I made it to the couch before I collapsed.
Watson was there immediately, meowing his concern, climbing into my lap, and pressing his warm weight against my stomach. I buried my fingers in his fur and tried to remember how to breathe.
That's how Brian found me.
He came through the door twenty minutes later, gym bag over his shoulder, still in his workout clothes. He was saying something about dinner, about whether I wanted Thai or?—
He stopped mid-sentence.
"Ava?"
I looked up. I must have looked worse than I thought, because his face went pale.
"What happened?"
The words wouldn't come. I just sat there, Watson purring in my lap, my whole body still trembling.
Brian crossed the room in three strides. He crouched in front of me, his hands hovering like he wanted to touch me but wasn't sure if he should.
"Ava. Talk to me."
"Someone—" My voice cracked. I tried again. "On the way home. A man. He grabbed me."
Brian went very still. "Where?"
"The alley by the pharmacy. He—" I swallowed hard. "He told me to recant my statement. Said it was my only warning."
The fury that transformed Brian's face was unlike anything I'd ever seen.
It wasn't explosive. That would have been easier to handle. This was something else. Controlled. Focused. Terrifying in its stillness. His jaw went tight.
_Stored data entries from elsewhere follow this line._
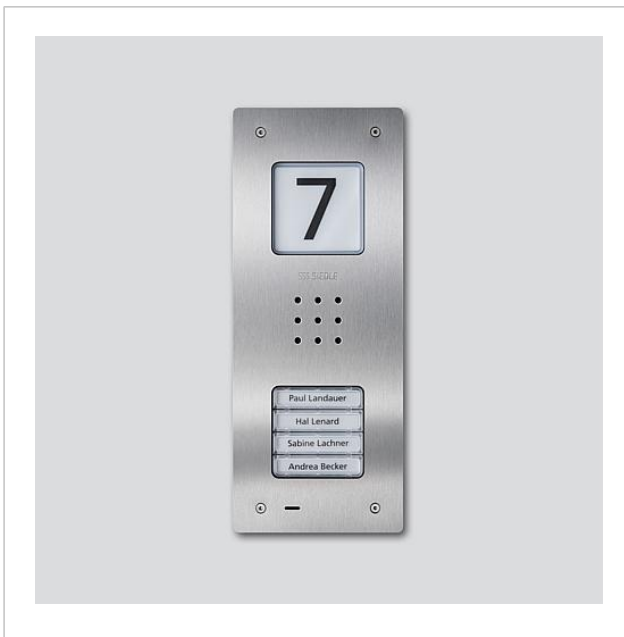

Audio-Deurstation
Siedle Compact inbouw
CAU 850-4-0 E

210009119-00

Productomschrijving

Audio-Deurstation Siedle Compact inbouw, voor de installatie in de In-Home-Bus. Met de functies bellen, spreken en deur openen.

Prestatiekenmerken:

- geïntegreerde deurluidspreker
- spraakvolume instelbaar
- aantal geïntegreerde oproeptoetsen: 4
- akoestische toetsenbevestiging activeerbaar
- vanaf de achtergrond verlichte naambordjes vanaf de voorzijde verwisselbaar
- vanaf de achtergrond verlicht infobordje voor huisnummer, logo's, openingstijden etc.
- voor de inbouwmontage met voorpaneel uit geborsteld edelstaal

Artikelinformatie

Artikelaanduiding	Artikelomschrijving	Kleur	KG	Artikelnr.
CAU 850-4-0 E	Audio-Deurstation Siedle Compact inbouw	Geborsteld edelstaal	A	210009119-00

Onderdelen

Artikelaanduiding	Artikelomschrijving	Kleur	KG	Artikelnr.
CA 812-..., BCV/BCVU/CA/CAU/CV/CVU/ STA/STV 850-...		Overige	E	200029867-00
CA 812-..., CA/CAU/CVU 850-..., CV 850-x-03, -04	Microfoon	Overige	E	200029868-00
CA 812-..., CA/CV 850-..., BCV 850-...	Siedle schroevendraaier	Overige	E	200029931-00
CA 812-4, CA/CAU 850-4	Beletteringsinleg voor naambordje	Wit	E	200029871-00
CA 812-4, CA/CAU 850-4	Naambordje bovenkant	Glashelder	E	200029866-00
CAU 850-4-0 E	Behuizing bovenkant	Geborsteld edelstaal	E	210009393-00

Specificaties - Audio-Deurstation Siedle Compact inbouw

Audio-Deurstation
Siedle Compact inbouw
CAU 850-4-0 E

210009119

Pagina 2

Audio-Deurstation
Siedle Compact inbouw
CAU 850-4-0 E

210009119

Pagina 3

CAU 850-X-0 Audio-Deurstation Siedle Compact inbouw	Productinformatie	1,4 MB	downloaden
CAU 850-X-0 Audio-Deurstation Siedle Compact inbouw	Conformiteitsverklaring	759 kB	downloaden
	Extra informatie	420 kB	downloaden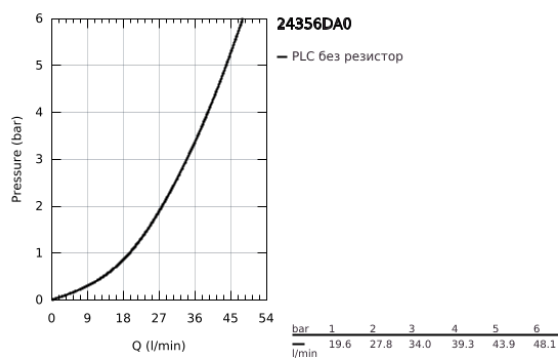

24 356 DA0 ATRIO ЕДНОРЪКОВ СМЕСИТЕЛ С 3-ПОСОЧЕН ПРЕВКЛЮЧВАТЕЛ

PRODUCT DESCRIPTION

- Colour: warm sunset
- Външна част към тяло за вграждане GROHE Rapido SmartBox (35 600/35 604)
- GROHE SilkMove 46 mm керамичен картуш
- GROHE LongLife finish
- С-връзки с GROHE FastFixation
- Метална розетка, с възможност за регулиране до 6°
- Метална ръкохватка
- 3-посочен превключвател
- without roughing-in set 35 600/35 604 (please order separately)
- Дебит: извод А = 27 l/min; извод В = 27 l/min; извод С = 27 l/min

24 356 DA0 ATRIO ЕДНОРЪКОХВАТКОВ СМЕСИТЕЛ С 3-ПОСОЧЕН ПРЕВКЛЮЧВАТЕЛ

SPARE PARTS, октомври 2021 – now

- 1: Ръкохватка (Spare part-nr. 48443DA0)
 - 2: Външна част към превключвател, кръгла (Spare part-nr. 48447DA0)
 - 3: Розетка (Spare part-nr. 49250DA0)
 - 4: Mounting plate (Spare part-nr. 49094000)
 - 5: cap (Spare part-nr. 02693DA0)
 - 6: Картуш (Spare part-nr. 46048000)
 - 7: Превключвател (Spare part-nr. 48448000)
 - 8: Уплътнение (Spare part-nr. 48360000)
 - 9: Температурен ограничител (Spare part-nr. 46308000)*
 - 10: Универсален комплект за Smartcontrol термостатен смесител (Spare part-nr. 14056000)*
 - 11: Универсален удължаващ комплект за едноръкохваткови смесители, 50 mm (Spare part-nr. 14057000)*
- * Optional accessories

His hands curled into fists on his knees. The warm brown eyes that usually crinkled when he smiled had gone flat and hard.
"Let me see."
I didn't understand at first. Then I followed his gaze to where my hand was pressed against my upper arm, fingers curled protectively over the spot where the man had grabbed me.
I pushed up my sleeve.
The bruises were already forming. Four distinct marks where his fingers had dug into my skin. Purple against the pale. A brand.
Brian made a sound low in his throat. His hands were shaking when he reached out, hovering over the bruises without quite touching.
"Ava."
"I'm okay."
"You're not okay. None of this is okay."
"I know." The tears I'd been holding back finally spilled over. "I know it's not okay. But I don't know what to do. They're taking everything. My license, my safety, my life. And I can't stop them. I can't?—"
Brian pulled me into his arms.
He didn't say anything. Didn't offer solutions or platitudes or promises he couldn't keep. He just held me, one hand cradling the back of my head, the other wrapped around my waist, his heartbeat steady against my ear.
I buried my face in his chest and let myself fall apart.
Watson meowed from somewhere below, displeased at being displaced from my lap. Brian didn't let go. He just stood there in the middle of our apartment, holding me together while I shook.
"I've got you," he murmured into my hair. "I've got you. They're not going to win this."